BEGIN RECORDS SUPPLIED
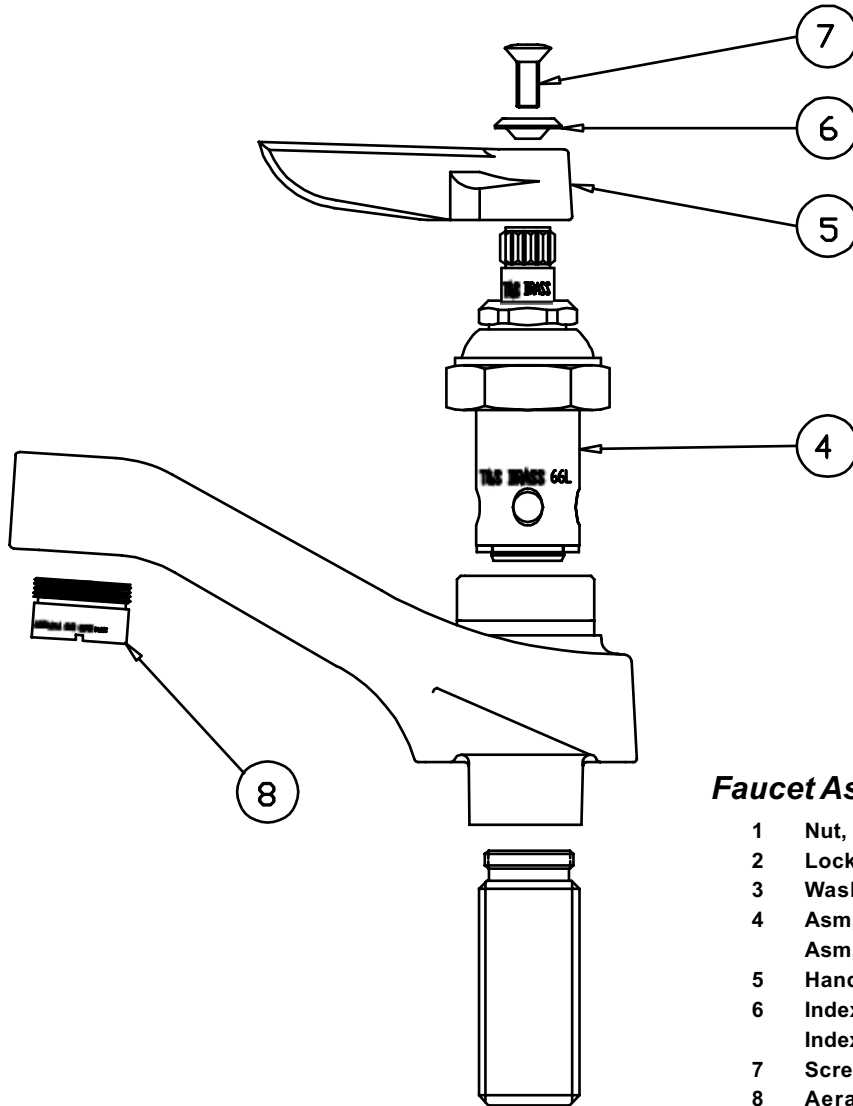

# B-0871

## Faucet Assembly

1	Nut, Coupling	000958-20
2	Locknut, Shank	002954-45
3	Washer, Rosette	001000-45
4	Asm, Spindle Eterna RH/Cold	005959-40
	Asm, Spindle Eterna LH/Hot	005960-40
5	Handle, Lever	001638-45
6	Index, Button, Blue/Cold	001660-45
	Index, Button, Red/Hot	001661-45
7	Screw, Handle	000922-45
8	Aerator	B-0199-03
END RECORDS SUPPLIED
**YOUR TASK**:
Exactness is what counts here: copy each entry as given and omit its pictures.

**YOUR RESPONSE**:
# B-0871

## Faucet Assembly

1	Nut, Coupling	000958-20
2	Locknut, Shank	002954-45
3	Washer, Rosette	001000-45
4	Asm, Spindle Eterna RH/Cold	005959-40
	Asm, Spindle Eterna LH/Hot	005960-40
5	Handle, Lever	001638-45
6	Index, Button, Blue/Cold	001660-45
	Index, Button, Red/Hot	001661-45
7	Screw, Handle	000922-45
8	Aerator	B-0199-03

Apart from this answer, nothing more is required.